## Task prompt
Work out how many lines of the material below contain the word "hose", then write that number alone.

..............................

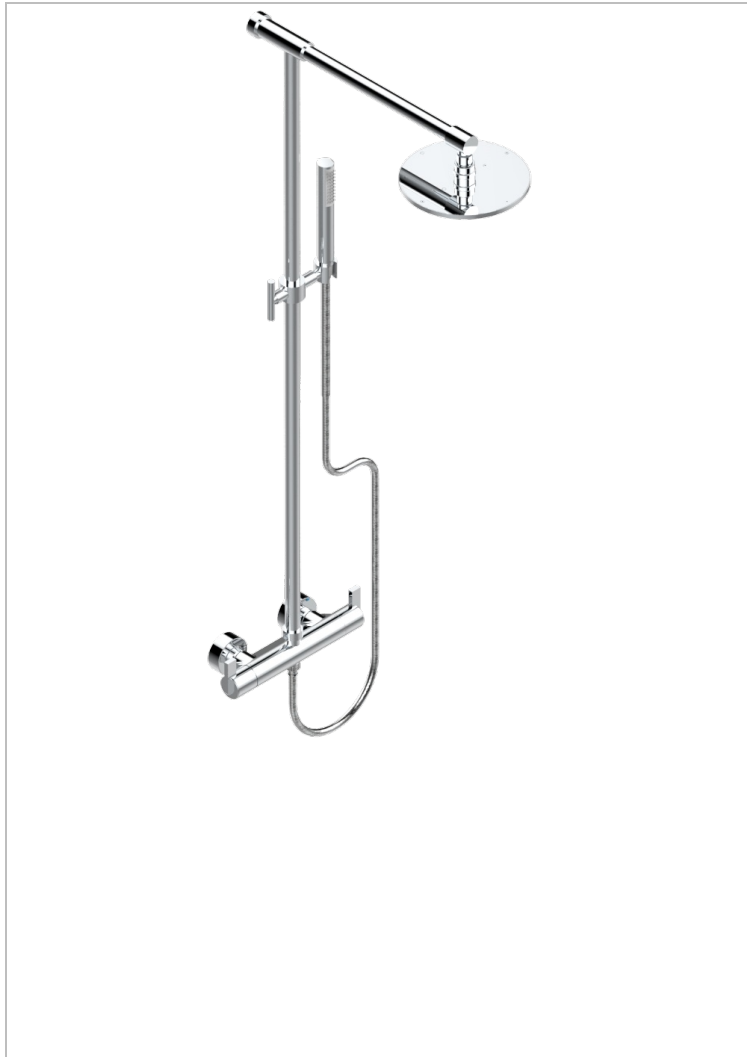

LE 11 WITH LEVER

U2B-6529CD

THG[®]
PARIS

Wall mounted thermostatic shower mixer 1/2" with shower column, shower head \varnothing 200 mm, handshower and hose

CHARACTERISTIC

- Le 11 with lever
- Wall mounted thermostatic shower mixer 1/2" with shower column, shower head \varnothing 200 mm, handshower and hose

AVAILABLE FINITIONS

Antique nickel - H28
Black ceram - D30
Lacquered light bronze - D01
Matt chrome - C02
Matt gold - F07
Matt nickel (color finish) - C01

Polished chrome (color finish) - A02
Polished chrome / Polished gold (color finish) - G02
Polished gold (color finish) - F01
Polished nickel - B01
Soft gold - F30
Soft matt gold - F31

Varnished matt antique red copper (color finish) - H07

..............................

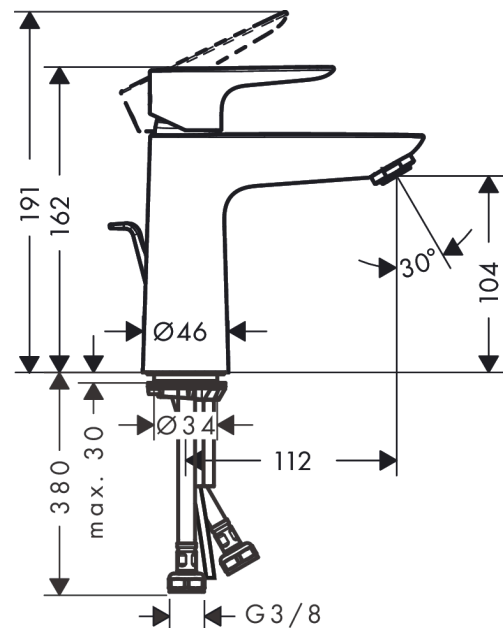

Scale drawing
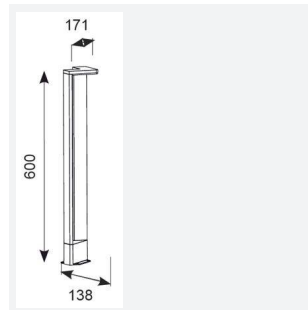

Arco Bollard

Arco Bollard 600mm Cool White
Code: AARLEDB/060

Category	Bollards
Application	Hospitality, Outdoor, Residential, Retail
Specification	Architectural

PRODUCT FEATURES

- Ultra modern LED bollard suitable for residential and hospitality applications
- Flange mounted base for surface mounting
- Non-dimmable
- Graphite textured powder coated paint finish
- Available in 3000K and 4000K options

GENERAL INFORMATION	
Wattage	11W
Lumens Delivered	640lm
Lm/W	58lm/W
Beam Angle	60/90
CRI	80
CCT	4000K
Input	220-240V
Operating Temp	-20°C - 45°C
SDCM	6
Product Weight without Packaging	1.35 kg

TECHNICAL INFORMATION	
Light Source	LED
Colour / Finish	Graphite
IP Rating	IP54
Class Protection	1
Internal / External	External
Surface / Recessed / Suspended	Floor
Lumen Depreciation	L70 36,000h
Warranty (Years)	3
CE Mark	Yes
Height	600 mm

..............................

## Exercise solution
2